Chapter 10: Random Variability

Part I focused on causal inference in settings where we conceptualized study populations as effectively infinite, allowing us to ignore random variability and focus solely on systematic bias from confounding, selection, and measurement. Part II now introduces random variability and the use of statistical models for causal inference. This chapter bridges identification (Part I) and estimation (Part II), explaining why we need models and how to quantify uncertainty.

1 10.1 Identification Versus Estimation (pp. 131-134)

Up to now, we have focused on identification: determining whether causal effects can be computed from observed data under certain assumptions. Now we turn to estimation: using finite data to approximate those causal effects.

Key Concepts in Statistical Estimation

Estimand: The population parameter of interest (e.g., \(\Pr[Y = 1|A = a]\) in the super-population).

Estimator: A rule for computing the estimand from sample data.

Estimate: The numerical value obtained by applying the estimator to a particular sample (a point estimate).

Example 1 (Sample Proportion as an Estimator) Estimand: Super-population risk \(\Pr[Y = 1|A = 1]\)

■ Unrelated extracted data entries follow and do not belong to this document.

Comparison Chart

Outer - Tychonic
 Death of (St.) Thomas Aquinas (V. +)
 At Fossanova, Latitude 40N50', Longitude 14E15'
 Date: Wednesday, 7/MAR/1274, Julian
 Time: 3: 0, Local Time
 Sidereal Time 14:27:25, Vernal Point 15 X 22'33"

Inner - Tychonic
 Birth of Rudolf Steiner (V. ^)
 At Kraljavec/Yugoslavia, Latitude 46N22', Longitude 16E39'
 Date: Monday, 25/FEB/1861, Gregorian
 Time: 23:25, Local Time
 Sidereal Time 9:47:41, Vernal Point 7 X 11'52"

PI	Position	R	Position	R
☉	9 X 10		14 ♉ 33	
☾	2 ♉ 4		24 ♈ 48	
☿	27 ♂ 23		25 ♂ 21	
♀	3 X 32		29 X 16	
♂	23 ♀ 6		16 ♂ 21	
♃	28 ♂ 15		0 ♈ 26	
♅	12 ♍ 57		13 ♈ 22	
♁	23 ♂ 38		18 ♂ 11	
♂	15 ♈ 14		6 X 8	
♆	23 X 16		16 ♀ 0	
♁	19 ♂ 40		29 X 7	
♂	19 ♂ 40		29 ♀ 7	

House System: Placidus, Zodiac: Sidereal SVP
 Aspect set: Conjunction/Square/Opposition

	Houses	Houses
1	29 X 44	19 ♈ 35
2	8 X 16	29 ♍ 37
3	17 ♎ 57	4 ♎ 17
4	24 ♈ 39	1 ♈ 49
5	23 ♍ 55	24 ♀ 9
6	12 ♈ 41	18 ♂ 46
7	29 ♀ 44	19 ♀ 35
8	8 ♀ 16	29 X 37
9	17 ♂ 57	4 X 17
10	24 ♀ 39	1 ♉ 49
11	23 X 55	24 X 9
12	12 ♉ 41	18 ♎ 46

Estimator: Sample proportion \(\widehat{Pr}[Y = 1|A = 1]\)

Estimate: From our 20-person study, \(\widehat{Pr}[Y = 1|A = 1] = 7/13 \approx 0.54\)

Consistency of Estimators

An estimator is consistent if estimates get arbitrarily close to the true parameter as sample size increases.

\[Pr\left[|\hat{\theta}_n - \theta| > \epsilon\right] \rightarrow 0 \text{ as } n \rightarrow \infty, \text{ for all } \epsilon > 0\]

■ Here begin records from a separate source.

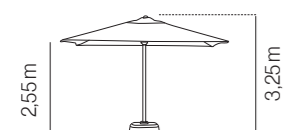

Guarda-sol em alumínio lacado branco para esplanadas grandes 4x4 m. 8 varetas intercambiáveis (20x35x1,5 mm). Abertura assistida manivela. Telescópico. Com ou sem bambinela e com fugaventos.

White lacquered 4x4 m. aluminium parasol for big terraces. 8 exchangeable ribs (20x35x1,5 mm). Crank- assisted opening system. Telescopic. With or without valance and with airvent.

Parasol aluminium laqué blanc pour grande terrasse 4x4 m. 8 baleines interchangeables (20x35x1,5 mm). Ouverture assistée manivelle. Téléscopique. Avec ou sans volant et avec soufflet.

Bases - Pieds: - Pag.178-179

CROSS RIO + SLABX4 - FIX RIO - FAST CLICK RIO

RIO WHITE 4X4

tube 71x71mm

telescopic

400x400 cm

8 ribs

212020 white

203020 sand

The sample proportion \(\widehat{Pr}[Y = 1|A = a]\) is a consistent estimator of \(\Pr[Y = 1|A = a]\).

Confidence Intervals

A 95% confidence interval quantifies uncertainty due to random sampling.

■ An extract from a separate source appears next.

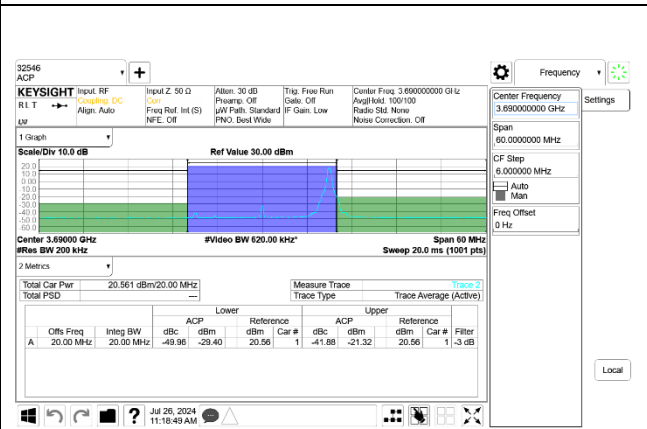

5G NR n48 20MHz BPSK High Channel RB1-50 Port B

Construction (Wald interval):

Compute point estimate \(\hat{p}\)
Estimate standard error: \(\widehat{SE} = \sqrt{\frac{\hat{p}(1-\hat{p})}{n}}\)
Compute interval: \(\hat{p} \pm 1.96 \times \widehat{SE}\)

Example: For \(\hat{p} = 7/13 \approx 0.54\) with \(n = 13\):

\(\widehat{SE} = \sqrt{(7/13)(6/13)/13} = 0.138\)
95% CI: \(0.54 \pm 1.96(0.138) = (0.27, 0.81)\)

2 10.2 Estimation of Causal Effects (pp. 134-136)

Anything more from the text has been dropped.